> [REQUIRED ACTION]:
Which lines in the records below contain the word "center"? Copy each one out.

> [EXERCISE MATERIAL]:
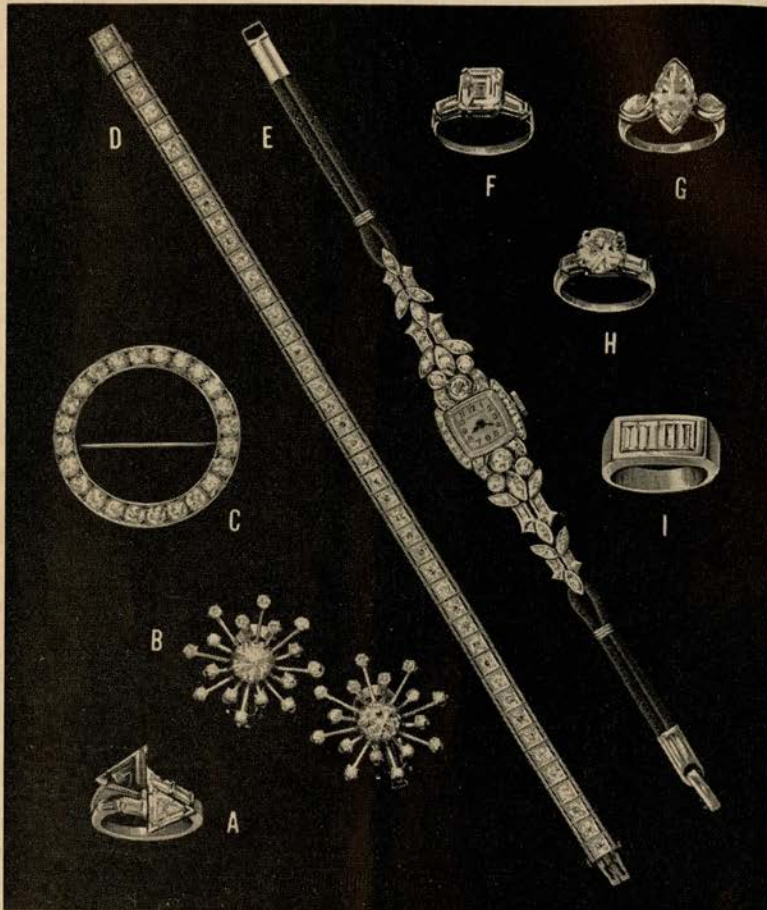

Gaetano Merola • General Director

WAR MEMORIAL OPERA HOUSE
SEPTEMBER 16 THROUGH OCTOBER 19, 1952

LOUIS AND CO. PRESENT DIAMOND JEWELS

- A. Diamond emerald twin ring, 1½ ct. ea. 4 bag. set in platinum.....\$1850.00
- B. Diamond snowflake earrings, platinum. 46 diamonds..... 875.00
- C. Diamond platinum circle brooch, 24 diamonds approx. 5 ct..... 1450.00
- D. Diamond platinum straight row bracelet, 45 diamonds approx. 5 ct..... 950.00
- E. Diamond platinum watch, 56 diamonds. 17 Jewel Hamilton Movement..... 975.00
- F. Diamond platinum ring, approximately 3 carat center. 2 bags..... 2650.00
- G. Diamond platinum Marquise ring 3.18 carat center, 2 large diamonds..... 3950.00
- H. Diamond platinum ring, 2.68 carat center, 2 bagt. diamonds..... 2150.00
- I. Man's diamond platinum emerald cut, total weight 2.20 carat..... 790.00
---
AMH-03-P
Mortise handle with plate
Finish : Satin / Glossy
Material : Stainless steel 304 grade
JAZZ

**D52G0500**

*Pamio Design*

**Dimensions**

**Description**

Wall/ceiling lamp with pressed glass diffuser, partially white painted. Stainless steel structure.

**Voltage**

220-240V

> [ANSWER BOX]:
- F. Diamond platinum ring, approximately 3 carat center. 2 bags..... 2650.00
- G. Diamond platinum Marquise ring 3.18 carat center, 2 large diamonds..... 3950.00
- H. Diamond platinum ring, 2.68 carat center, 2 bagt. diamonds..... 2150.00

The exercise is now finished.